[Saved data entries]
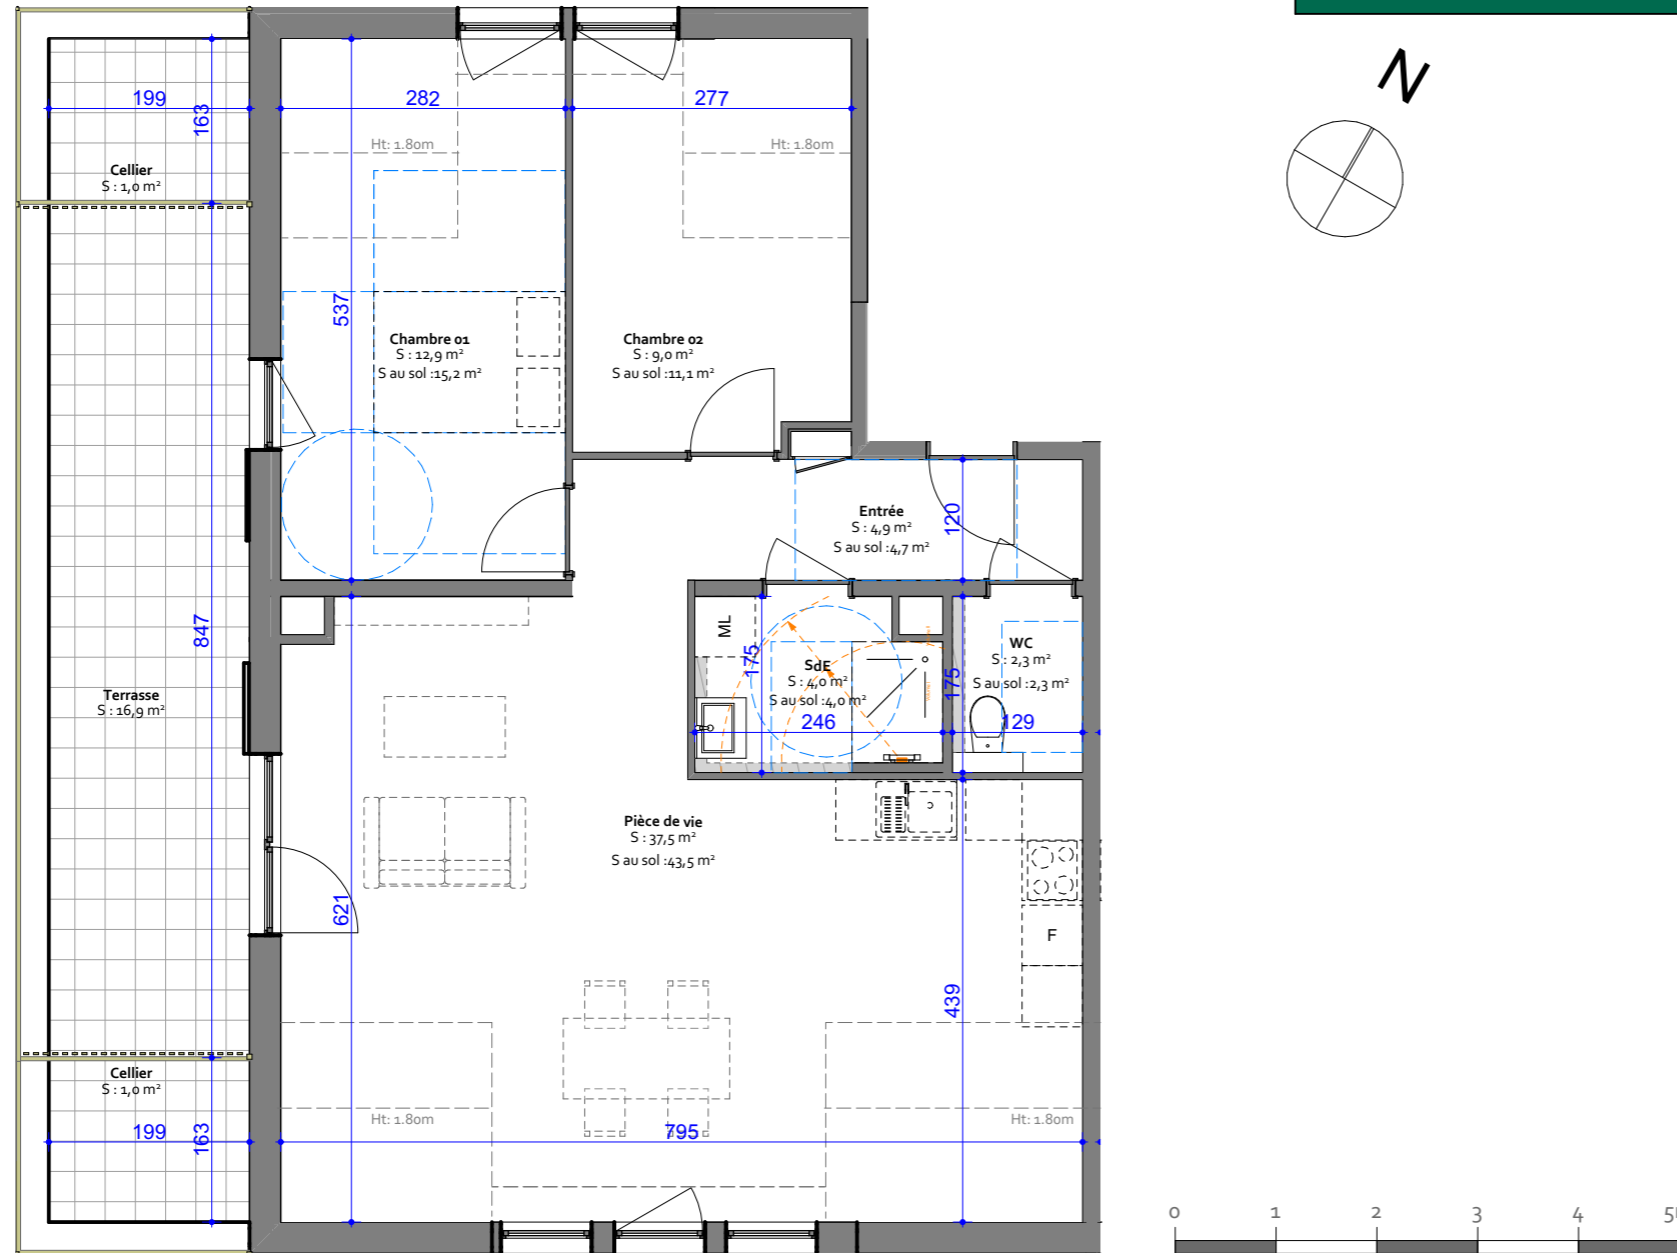

# Résidence des remparts

Bâtiment B  
3 pièces en attique

B-107

03 88 50 80 80  
www.boulle.fr

Rosheim  
Rue de l'abattoir

	Surf.Hab.	Surf.Sol
Chambre 01	12,9	15,2
Chambre 02	9,0	11,1
Entrée	4,9	4,7
Pièce de vie	37,5	43,5
SdE	4,0	4,0
WC	2,3	2,3
	<b>70,6 m<sup>2</sup></b>	<b>80,8 m<sup>2</sup></b>

Terrasse 16,9 m<sup>2</sup>  
Celliers 2,0 m<sup>2</sup>

* [ABOUT THIS EXERCISE]
The answer must consist of the entries above, reproduced word for word, without any pictures.

* [EXERCISE RESULT]
# Résidence des remparts

Bâtiment B  
3 pièces en attique

B-107

03 88 50 80 80  
www.boulle.fr

Rosheim  
Rue de l'abattoir

	Surf.Hab.	Surf.Sol
Chambre 01	12,9	15,2
Chambre 02	9,0	11,1
Entrée	4,9	4,7
Pièce de vie	37,5	43,5
SdE	4,0	4,0
WC	2,3	2,3
	<b>70,6 m<sup>2</sup></b>	<b>80,8 m<sup>2</sup></b>

Terrasse 16,9 m<sup>2</sup>  
Celliers 2,0 m<sup>2</sup>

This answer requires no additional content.